BigQuery is orchestrated via Borg, Google’s precursor to Kubernetes.
Everything is a job is bigquery, when you query, create, load, export/copy everything creates and submits a batch job in the background and gets you the result. Application may show this as interactive but its actually not. Only a few things that are not managed by a job is listing resources or getting metadata.
BigQuery determines the location to run the job based on the datasets referenced in the request, since the job itself must be run in the same region where the data is stored.

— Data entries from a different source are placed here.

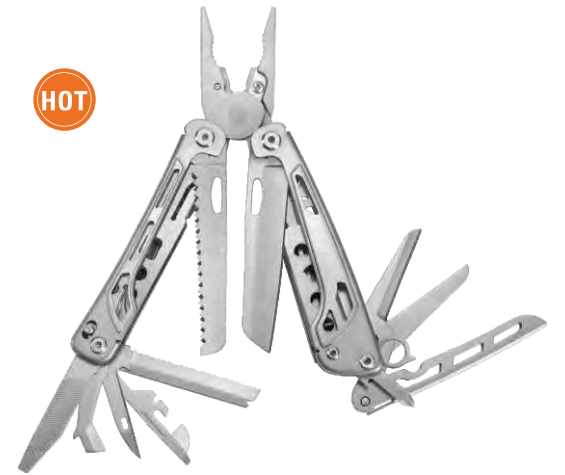

GHK11 PATENT NO.: 202030526079.8

Blade Length: 75mm
 Closed: 106mm
 Overall: 161mm
 Weight: 253g
 Handle: Stainless
 Components: Stainless

- | | |
|----------------------|--------------------------------------|
| 1. Needlenose Pliers | 10. Can Opener |
| 2. Regular Pliers | 11. 7mm/8mm/10mm/14mm Hexagon Wrench |
| 3. Wire Cutter | 12. Phillips Screwdriver |
| 4. Blade | 13. Multipurpose Cutter |
| 5. Scissors | 14. Saw |
| 6. Ruler | 15. Mini Flat Screwdriver |
| 7. Metal File | 16. Pocket Clip |
| 8. Bottle Opener | 17. Wire Stripper |
| 9. Flat Screwdriver | 18. Leather Punch |

GHK10 PATENT NO.: 2018301677460

Blade Length: 74mm
 Closed: 102mm
 Overall: 156mm
 Weight: 184g
 Handle: Stainless
 Components: Stainless

1. Needlenose Pliers
2. Regular Pliers
3. Wire Cutter
4. Blade
5. Flat Screwdriver
6. Phillips Screwdriver
7. Bit Driver
8. Pocket Clip

GHK13 PATENT NO.: 202130783144.X

Blade Length: 75mm
 Closed: 106mm
 Overall: 161mm
 Weight: 253g
 Handle: Stainless
 Components: Stainless

- | | |
|----------------------|----------------------------|
| 1. Needlenose Pliers | 11. Phillips Screwdriver |
| 2. Regular Pliers | 12. Small Flat Screwdriver |
| 3. Wire Cutter | 13. Leather Punch |
| 4. Blade | 14. Saw |
| 5. Scissors | 15. Box Cutter |
| 6. Ruler | 16. Keychain Attachment |
| 7. Metal File | 17. Serrated Blade |
| 8. Bottle Opener | 18. Wire Stripper |
| 9. Flat Screwdriver | 19. Pocket Clip |
| 10. Can Opener | |

A slot is a unit of computational capacity. It’s basically a worker, made up of CPU, RAM and Network. Since BigQuery likes to divide-and-conquer work - running parts of each task in parallel - more slots usually means that the query will run faster. Number of slots are determined by on-demand pricing and flat-rate pricing
Partitioning - Table is divided into multiple files/datasets/segments called partitions. Queries that contain filters on the partitioning column can dramatically reduce the overall data scanned. BigQuery supports 3 types of partitions
Partitioning is better with column having low cardinality and its recommended that partitions are greater than 1GB.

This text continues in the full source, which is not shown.